• PROBLEM REQUIREMENTS
If a record holds a picture, drop the picture and copy everything else exactly.

• INFORMATION SHOWN
#####
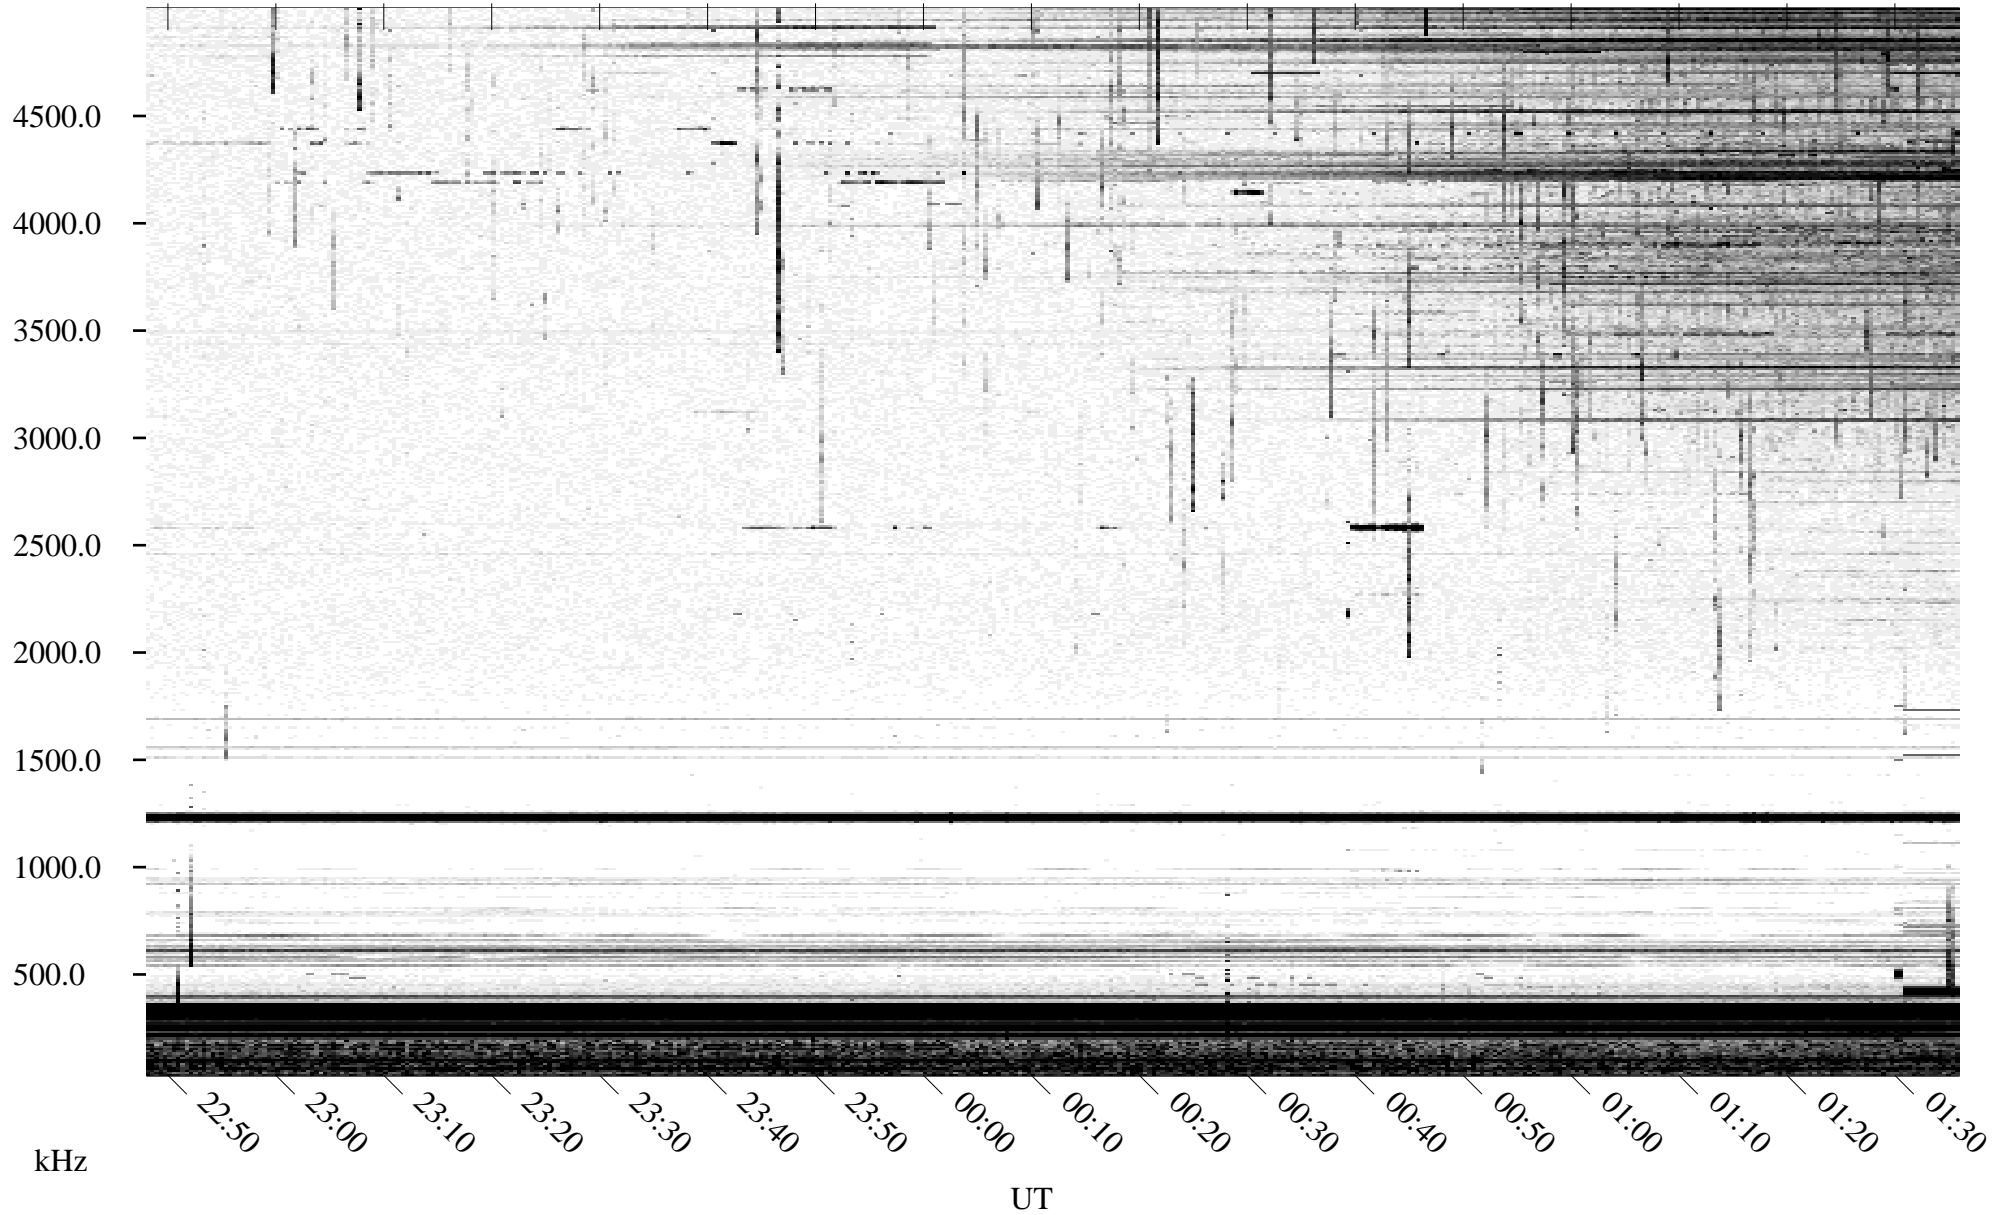

08/04/1995 Churchill, Manitoba

Linear Scale Black = 161 White = 15

ch95216l.r00m max_12

Page 1

08/04/1995 Churchill, Manitoba

Linear Scale Black = 161 White = 15

ch95216l.r00m max_12

Page 2

08/05/1995 Churchill, Manitoba

Linear Scale Black = 161 White = 15

ch95216l.r00m max_12

Page 3

08/05/1995 Churchill, Manitoba

Linear Scale Black = 161 White = 15

ch95216l.r00m max_12

Page 4

08/05/1995 Churchill, Manitoba

Linear Scale Black = 161 White = 15

ch95216l.r00m max_12

Page 5

08/05/1995 Churchill, Manitoba

Linear Scale Black = 161 White = 15

ch95216l.r00m max_12

Page 6

08/05/1995 Churchill, Manitoba

Linear Scale Black = 161 White = 15

ch95216l.r00m max_12

Page 7

08/05/1995 Churchill, Manitoba

Linear Scale Black = 161 White = 15

ch95216l.r00m max_12

Page 8
#####
• EXERCISE RESPONSE
08/04/1995 Churchill, Manitoba

Linear Scale Black = 161 White = 15

ch95216l.r00m max_12

Page 1

08/04/1995 Churchill, Manitoba

Linear Scale Black = 161 White = 15

ch95216l.r00m max_12

Page 2

08/05/1995 Churchill, Manitoba

Linear Scale Black = 161 White = 15

ch95216l.r00m max_12

Page 3

08/05/1995 Churchill, Manitoba

Linear Scale Black = 161 White = 15

ch95216l.r00m max_12

Page 4

08/05/1995 Churchill, Manitoba

Linear Scale Black = 161 White = 15

ch95216l.r00m max_12

Page 5

08/05/1995 Churchill, Manitoba

Linear Scale Black = 161 White = 15

ch95216l.r00m max_12

Page 6

08/05/1995 Churchill, Manitoba

Linear Scale Black = 161 White = 15

ch95216l.r00m max_12

Page 7

08/05/1995 Churchill, Manitoba

Linear Scale Black = 161 White = 15

ch95216l.r00m max_12

Page 8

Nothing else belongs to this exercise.